Года через три после окончания школы Варя начала незаметно меняться. Юмор сменился иронией, даже сарказмом. Она страдала из-за того, что учится в медучилище, а многие одноклассники в институте. И эти чувства родители ее усиливали, переживая «непрестижность» профессии дочери, медсестры. Марина Владимировна сказала, что Варя напрасно озлобляется, что нельзя быть несчастливой, когда тебе двадцать лет и ты абсолютно здорова…
Варя хмыкнула, блеснула глазами, растянула в улыбке большой рот и сообщила, что Ланщиков ушел из университета.
— Почему?
История была нелепая. Ланщиков пошел в ресторан, его роскошная норковая шапка пропала в гардеробе, и он решил раздобыть себе другую, на улице. С чужой головы. Товарищ его отговаривал, но Ланщиков вышел, сорвал шапку с прохожего, сунул товарищу, подъехала патрульная машина, их задержали.
— Ланщикова исключили?
— Как же, с его родителями… Оформили переводом в историко-архивный…
— Ты с ним общаешься?
— Он столько анекдотов знает, да и поет прекрасно, под гитару…
И тут же без перехода похвастала, что с ней на улице иногда теперь заигрывают молодые люди.
— Я уже не похожа на тощую ворону? Помните, как меня Барсов дразнил?!
Она задумалась. Ее веселость была какой-то судорожной.
— А знаете, как вчера мы день рождения Олега отмечали? Его мать попала в больницу, в холодильнике даже петух не кукарекал, а я пришла, как человек, прическу сделала в парикмахерской. Эти типы спорили о фантастике, какая лучше — научниками писанная или писателями, а меня в упор не замечали… Пришлось сбегать, купить им антрекоты, нажарить и уйти, хлопнув дверью.
Помолчала и добавила грустно:
— Ухаживают многие, а жениться боятся, говорят — опоздала, долго выбирала, возраст ушел…
— Тебя любит Стрепетов… — начала Марина Владимировна, но Варя подняла руку.
— Нельзя ему портить жизнь. Я ведь со всячинкой. А от него только хорошее видела.
— Ура! Меня распределили в хирургическую клинику! — Варя влетела, сверкая глазами и зубами, и закружилась, раздувая плиссированную юбку.

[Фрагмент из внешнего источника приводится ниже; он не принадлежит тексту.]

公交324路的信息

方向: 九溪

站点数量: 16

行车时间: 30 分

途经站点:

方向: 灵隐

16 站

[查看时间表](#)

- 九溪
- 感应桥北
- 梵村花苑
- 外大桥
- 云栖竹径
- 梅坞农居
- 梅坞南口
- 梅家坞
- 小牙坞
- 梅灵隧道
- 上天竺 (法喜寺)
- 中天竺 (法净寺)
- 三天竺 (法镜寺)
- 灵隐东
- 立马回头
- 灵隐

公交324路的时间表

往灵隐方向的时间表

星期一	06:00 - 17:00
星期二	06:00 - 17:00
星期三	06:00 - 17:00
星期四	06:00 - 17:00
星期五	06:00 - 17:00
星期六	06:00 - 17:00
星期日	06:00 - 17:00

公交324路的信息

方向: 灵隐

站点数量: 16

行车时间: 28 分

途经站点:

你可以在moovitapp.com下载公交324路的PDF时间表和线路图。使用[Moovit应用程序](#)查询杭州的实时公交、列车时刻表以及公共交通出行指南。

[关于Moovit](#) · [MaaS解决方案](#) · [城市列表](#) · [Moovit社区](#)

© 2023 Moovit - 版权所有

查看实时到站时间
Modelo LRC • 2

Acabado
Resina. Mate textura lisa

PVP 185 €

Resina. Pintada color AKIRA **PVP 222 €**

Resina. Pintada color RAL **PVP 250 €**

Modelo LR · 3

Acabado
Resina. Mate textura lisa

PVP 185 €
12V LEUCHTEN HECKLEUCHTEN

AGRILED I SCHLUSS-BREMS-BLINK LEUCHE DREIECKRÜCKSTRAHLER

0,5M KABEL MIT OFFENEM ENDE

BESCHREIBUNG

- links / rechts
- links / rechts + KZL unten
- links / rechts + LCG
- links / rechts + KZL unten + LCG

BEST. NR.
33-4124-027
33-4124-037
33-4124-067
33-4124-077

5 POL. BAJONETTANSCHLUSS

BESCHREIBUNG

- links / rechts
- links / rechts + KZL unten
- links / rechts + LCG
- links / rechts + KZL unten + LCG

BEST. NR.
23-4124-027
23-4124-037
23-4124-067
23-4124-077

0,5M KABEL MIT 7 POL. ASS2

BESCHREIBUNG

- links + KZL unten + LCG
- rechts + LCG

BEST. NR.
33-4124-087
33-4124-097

— Хороший коллектив? — спросил Сергей.
— Не знаю. Не знаю… Но какой шеф!
Она ни о чем не могла говорить, не вспоминая о нем. Нестарый, остроумный, оценил ее руки, на свои операции вызывает, работает на износ, может три операции простоять у стола, только сереет и лоб мокрый. А какая скорость! Ни единого лишнего движения, неуверенного нажима скальпелем. Длинные пальцы безошибочно дотрагивались до тела, там где надо. Виртуозная техника.

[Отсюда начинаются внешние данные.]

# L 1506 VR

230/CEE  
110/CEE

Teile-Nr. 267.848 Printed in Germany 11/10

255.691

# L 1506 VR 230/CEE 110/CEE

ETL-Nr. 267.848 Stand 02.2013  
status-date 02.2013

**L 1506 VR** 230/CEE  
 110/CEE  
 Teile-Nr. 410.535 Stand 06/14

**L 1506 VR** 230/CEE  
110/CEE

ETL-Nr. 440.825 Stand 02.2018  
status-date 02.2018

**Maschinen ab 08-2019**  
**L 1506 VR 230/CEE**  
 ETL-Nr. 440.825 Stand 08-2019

— А после работы приглашает с ним кофе пить.
Варя изменилась, ушло мальчишество. Она стала мягче, кокетливее, лицо ее все время двигалось, каждый мускул сокращался, точно она собиралась то плакать, то смеяться. Лихорадочное оживление ее красило, узкие глаза сверкали…
— Ты слишком горячо шефа вспоминаешь… — пошутила Марина Владимировна, но Варя перебила, заговорщически усмехаясь.
— Он меня, правда, часто провожает домой, говорит, ради моциона. Нет, у него третий брак, молодая жена, зачем мне осложнения!
Глаза Вари сияли. Она выдавала себя каждым жестом, словом, ее никто и ничто больше не интересовали…
— Шеф — личность, хоть и циник. Руки волшебные, и поэзию знает, и музыку, и альпинизмом занимался, «для мужского самоутверждения».
— Интересный?
— Он мне сказал, что своим женам обещал все, кроме верности, и признался честно: «Люблю рвать цветы, где вижу, даже с газонов…»
— А не унизительно стать «калифом на час»?
— Я знаю, что ему плевать на меня, как на человека. Но зато теперь я осажу старшую сестру. Вчера он вызвал ее и сказал, что мои опоздания с ним согласованы…
Эту девочку точно уносила от Марины Владимировны льдина, и между ними все ширилась полынья…
Через месяц она приехала ночью. Сказала, что шеф подвез на машине. Отмечали диссертацию.
— Все сестры были приглашены? — поинтересовался Сергей.
Варя хихикала. Она была в модном дорогом платье, сильно надушенная, с подведенными глазами, медленно взмахивала тяжелыми ресницами, точно бабочка крыльями, а глаза блестели торжествующе, и губы подрагивали от ежесекундных улыбок.
— Кстати, Сергей Михайлович, не хотите перейти в нашу клинику? Освобождается место главврача, могу похлопотать.
Сергей нахмурился. Посмотрел на жену и сдержался.